Whenever the word "inclusa" turns up in a line of the data below, copy that line.

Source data
=======

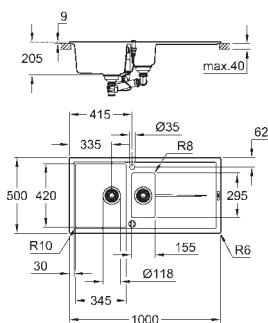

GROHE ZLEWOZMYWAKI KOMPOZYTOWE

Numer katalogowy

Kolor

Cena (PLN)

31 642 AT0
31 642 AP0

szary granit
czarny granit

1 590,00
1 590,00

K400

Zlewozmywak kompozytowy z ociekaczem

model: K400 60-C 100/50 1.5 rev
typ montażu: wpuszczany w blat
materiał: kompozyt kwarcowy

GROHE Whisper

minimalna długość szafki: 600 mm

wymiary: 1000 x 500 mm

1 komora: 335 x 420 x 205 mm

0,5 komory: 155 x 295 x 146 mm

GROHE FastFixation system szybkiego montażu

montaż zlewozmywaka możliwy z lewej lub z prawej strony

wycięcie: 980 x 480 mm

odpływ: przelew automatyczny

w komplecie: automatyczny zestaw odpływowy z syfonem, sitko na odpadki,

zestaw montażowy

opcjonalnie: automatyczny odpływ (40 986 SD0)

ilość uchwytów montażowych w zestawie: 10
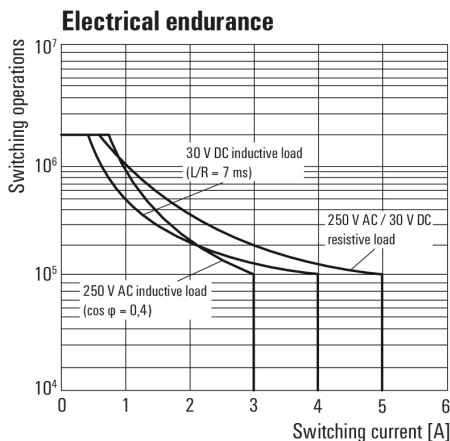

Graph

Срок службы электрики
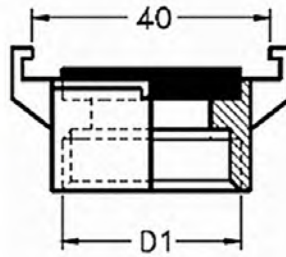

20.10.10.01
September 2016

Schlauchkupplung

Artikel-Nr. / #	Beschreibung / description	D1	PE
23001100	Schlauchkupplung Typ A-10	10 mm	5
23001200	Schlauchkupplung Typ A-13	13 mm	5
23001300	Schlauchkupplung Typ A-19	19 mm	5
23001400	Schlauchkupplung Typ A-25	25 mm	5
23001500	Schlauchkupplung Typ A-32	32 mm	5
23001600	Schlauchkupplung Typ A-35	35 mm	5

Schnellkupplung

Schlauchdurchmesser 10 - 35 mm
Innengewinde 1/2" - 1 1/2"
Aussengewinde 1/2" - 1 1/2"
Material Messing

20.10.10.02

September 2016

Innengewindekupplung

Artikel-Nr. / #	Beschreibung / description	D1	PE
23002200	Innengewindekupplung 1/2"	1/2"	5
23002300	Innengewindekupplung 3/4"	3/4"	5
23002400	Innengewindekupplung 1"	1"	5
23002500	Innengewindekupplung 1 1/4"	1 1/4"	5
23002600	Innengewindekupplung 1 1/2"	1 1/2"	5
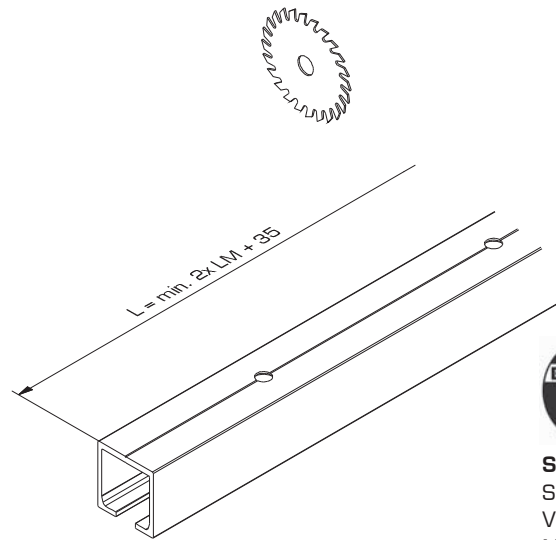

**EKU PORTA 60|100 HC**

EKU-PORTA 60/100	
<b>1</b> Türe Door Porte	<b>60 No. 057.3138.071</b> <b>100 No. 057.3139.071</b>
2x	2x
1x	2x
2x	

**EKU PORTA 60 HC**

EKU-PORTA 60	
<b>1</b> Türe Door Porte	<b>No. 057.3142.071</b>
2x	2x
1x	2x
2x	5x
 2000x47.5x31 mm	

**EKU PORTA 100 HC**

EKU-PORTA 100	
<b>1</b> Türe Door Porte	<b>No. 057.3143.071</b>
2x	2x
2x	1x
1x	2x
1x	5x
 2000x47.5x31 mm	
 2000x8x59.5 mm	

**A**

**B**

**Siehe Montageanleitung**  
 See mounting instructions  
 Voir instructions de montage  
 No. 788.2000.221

=======

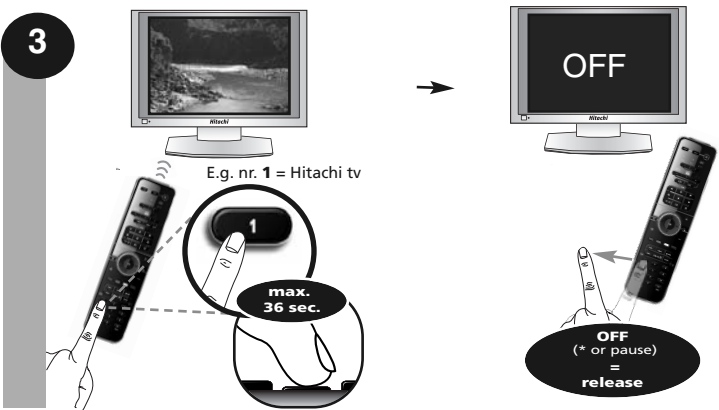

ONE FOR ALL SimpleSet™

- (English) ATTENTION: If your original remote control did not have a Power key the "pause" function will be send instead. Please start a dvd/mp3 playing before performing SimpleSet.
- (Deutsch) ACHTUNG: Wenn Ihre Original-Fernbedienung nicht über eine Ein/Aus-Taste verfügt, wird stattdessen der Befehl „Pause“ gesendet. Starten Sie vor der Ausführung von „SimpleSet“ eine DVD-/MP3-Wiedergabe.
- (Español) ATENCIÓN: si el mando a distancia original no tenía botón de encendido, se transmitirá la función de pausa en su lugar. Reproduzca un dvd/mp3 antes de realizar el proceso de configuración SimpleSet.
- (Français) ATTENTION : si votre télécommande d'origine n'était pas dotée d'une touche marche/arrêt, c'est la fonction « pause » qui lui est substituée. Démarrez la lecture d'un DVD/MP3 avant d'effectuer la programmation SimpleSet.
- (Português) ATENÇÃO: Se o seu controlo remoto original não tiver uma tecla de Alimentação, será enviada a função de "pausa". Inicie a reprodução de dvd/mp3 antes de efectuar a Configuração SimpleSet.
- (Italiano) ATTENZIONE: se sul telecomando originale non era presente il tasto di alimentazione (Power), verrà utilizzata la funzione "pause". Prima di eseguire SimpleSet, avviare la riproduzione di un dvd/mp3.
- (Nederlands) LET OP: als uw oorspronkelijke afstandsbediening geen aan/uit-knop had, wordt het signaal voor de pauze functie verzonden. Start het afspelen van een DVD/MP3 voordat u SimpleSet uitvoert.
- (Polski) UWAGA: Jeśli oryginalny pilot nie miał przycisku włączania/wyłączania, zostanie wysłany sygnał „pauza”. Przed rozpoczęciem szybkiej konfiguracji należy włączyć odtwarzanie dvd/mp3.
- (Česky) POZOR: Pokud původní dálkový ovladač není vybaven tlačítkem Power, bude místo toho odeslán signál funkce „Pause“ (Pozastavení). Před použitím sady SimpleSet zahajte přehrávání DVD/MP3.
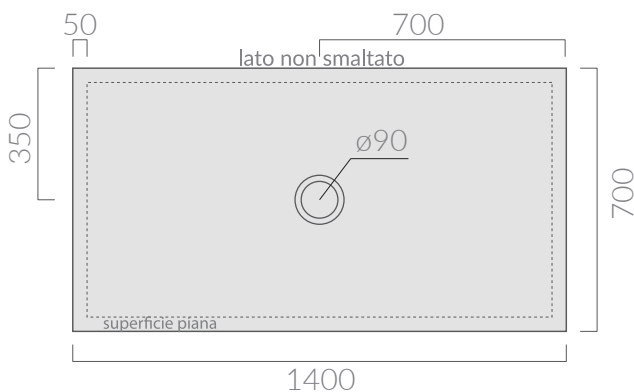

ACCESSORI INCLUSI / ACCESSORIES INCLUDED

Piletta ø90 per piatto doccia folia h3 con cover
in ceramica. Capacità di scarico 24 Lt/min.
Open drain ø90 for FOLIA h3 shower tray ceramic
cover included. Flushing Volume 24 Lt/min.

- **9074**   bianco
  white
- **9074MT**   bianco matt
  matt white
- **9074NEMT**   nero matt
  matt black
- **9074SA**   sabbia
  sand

=======

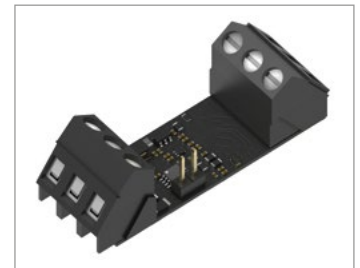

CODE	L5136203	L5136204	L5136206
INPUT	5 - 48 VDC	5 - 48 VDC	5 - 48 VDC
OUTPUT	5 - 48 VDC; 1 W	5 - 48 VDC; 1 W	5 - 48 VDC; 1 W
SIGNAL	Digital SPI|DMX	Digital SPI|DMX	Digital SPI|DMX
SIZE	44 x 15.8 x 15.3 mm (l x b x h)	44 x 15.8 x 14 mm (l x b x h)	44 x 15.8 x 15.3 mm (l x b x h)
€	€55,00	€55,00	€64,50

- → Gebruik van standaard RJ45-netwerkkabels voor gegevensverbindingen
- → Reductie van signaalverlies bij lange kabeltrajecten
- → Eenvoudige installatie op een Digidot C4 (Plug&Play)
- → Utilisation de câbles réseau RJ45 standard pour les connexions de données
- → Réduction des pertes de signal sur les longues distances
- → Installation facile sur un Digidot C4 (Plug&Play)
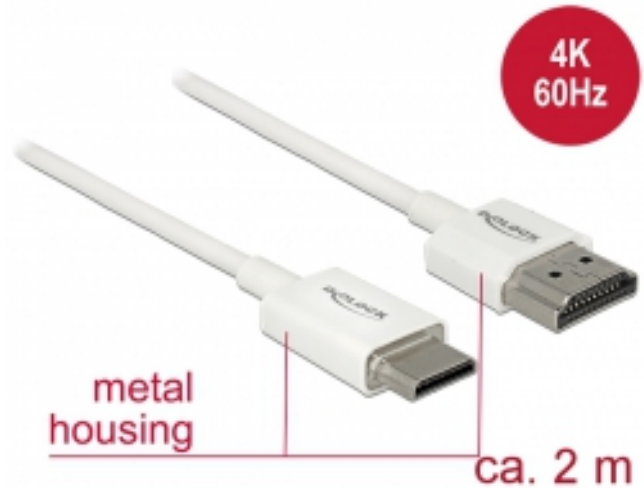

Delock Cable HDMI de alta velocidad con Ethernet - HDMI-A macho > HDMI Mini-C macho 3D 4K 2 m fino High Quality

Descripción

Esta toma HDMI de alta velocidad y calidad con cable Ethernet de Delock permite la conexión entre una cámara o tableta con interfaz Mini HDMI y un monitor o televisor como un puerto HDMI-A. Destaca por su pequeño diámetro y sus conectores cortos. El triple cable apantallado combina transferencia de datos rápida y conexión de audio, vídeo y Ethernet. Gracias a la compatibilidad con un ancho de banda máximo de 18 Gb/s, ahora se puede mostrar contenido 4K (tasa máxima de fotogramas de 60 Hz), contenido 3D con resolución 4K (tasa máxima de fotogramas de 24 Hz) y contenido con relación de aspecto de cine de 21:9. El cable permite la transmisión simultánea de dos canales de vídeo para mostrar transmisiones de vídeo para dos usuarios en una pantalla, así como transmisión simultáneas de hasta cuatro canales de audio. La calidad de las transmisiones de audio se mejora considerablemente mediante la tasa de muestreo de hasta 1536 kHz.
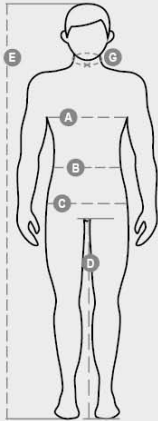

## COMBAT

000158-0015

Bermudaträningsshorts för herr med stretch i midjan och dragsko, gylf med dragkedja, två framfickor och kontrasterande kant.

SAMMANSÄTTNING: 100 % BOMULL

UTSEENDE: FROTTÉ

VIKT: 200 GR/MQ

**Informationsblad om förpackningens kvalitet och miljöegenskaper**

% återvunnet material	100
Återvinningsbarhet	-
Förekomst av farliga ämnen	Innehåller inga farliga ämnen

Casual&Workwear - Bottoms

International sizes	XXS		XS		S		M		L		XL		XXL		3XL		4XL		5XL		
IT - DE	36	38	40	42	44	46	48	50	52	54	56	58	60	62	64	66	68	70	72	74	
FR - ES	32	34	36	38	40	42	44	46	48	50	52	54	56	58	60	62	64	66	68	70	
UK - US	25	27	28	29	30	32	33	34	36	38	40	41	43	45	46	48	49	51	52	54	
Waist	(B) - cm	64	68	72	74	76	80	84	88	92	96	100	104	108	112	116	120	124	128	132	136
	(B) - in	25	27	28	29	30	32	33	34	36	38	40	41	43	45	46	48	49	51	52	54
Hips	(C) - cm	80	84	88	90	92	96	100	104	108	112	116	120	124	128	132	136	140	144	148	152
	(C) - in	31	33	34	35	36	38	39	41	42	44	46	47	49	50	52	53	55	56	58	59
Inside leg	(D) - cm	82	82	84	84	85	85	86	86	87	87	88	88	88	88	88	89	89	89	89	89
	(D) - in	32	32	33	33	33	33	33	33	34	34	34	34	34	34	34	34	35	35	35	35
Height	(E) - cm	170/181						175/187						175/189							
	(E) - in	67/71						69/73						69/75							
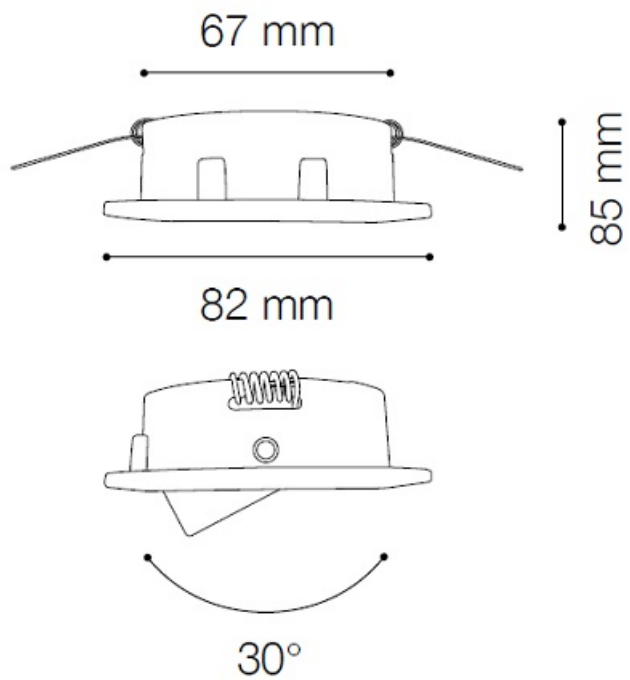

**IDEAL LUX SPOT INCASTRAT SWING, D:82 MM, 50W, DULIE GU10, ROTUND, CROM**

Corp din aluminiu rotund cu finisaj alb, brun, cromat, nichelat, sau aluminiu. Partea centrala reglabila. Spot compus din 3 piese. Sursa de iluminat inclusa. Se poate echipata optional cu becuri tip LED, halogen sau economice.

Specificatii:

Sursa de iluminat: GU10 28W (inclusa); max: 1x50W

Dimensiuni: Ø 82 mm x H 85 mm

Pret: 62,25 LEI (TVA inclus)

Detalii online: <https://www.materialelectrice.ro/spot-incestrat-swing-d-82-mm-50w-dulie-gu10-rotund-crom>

=======

◆ **Solution to the problem**
Corp din aluminiu rotund cu finisaj alb, brun, cromat, nichelat, sau aluminiu. Partea centrala reglabila. Spot compus din 3 piese. Sursa de iluminat inclusa. Se poate echipata optional cu becuri tip LED, halogen sau economice.
Sursa de iluminat: GU10 28W (inclusa); max: 1x50W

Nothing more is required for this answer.